>>>>>

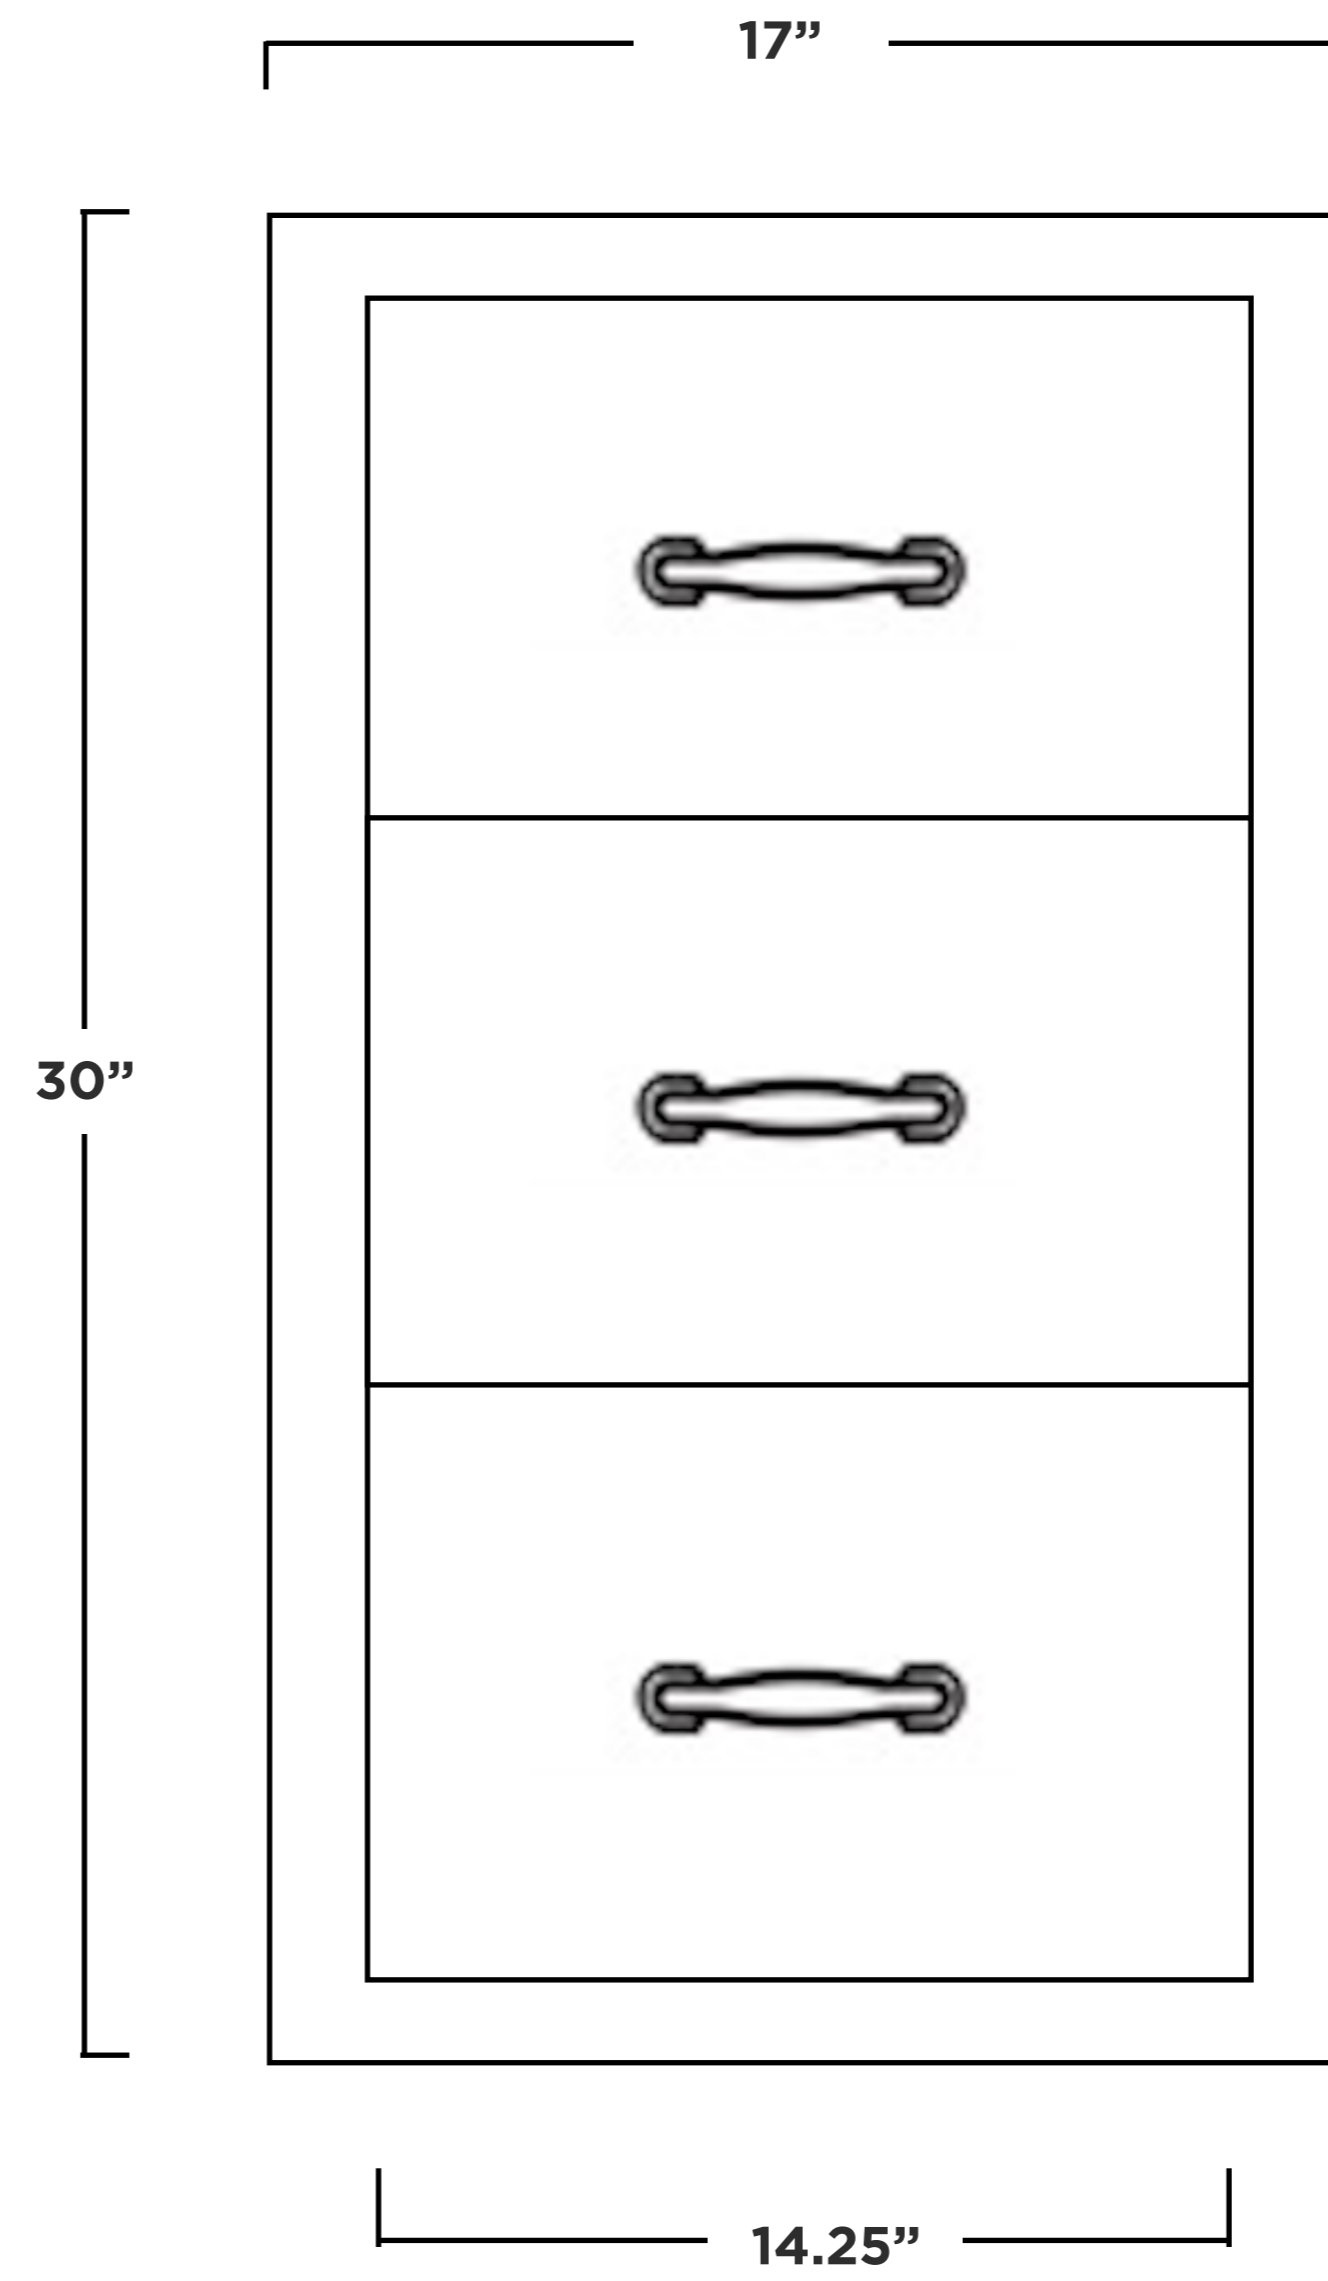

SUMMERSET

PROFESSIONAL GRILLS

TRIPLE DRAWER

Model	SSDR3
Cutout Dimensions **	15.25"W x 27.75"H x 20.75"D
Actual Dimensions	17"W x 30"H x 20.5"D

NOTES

<<<<<
>>>>>

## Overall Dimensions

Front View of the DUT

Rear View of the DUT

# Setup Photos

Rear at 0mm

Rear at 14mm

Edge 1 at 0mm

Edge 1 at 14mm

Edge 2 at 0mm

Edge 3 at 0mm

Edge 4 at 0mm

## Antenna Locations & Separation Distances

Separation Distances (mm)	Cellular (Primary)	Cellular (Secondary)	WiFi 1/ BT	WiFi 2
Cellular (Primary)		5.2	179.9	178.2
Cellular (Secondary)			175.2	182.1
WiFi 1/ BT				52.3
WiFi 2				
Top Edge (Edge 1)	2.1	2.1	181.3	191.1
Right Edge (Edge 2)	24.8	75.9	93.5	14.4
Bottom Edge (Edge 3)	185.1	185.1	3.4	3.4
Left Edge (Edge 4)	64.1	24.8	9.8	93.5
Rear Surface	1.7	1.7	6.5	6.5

<<<<<

Exercise objective →
From the listing above, copy out each line where the word "View" appears.

Solution →
Front View of the DUT
Rear View of the DUT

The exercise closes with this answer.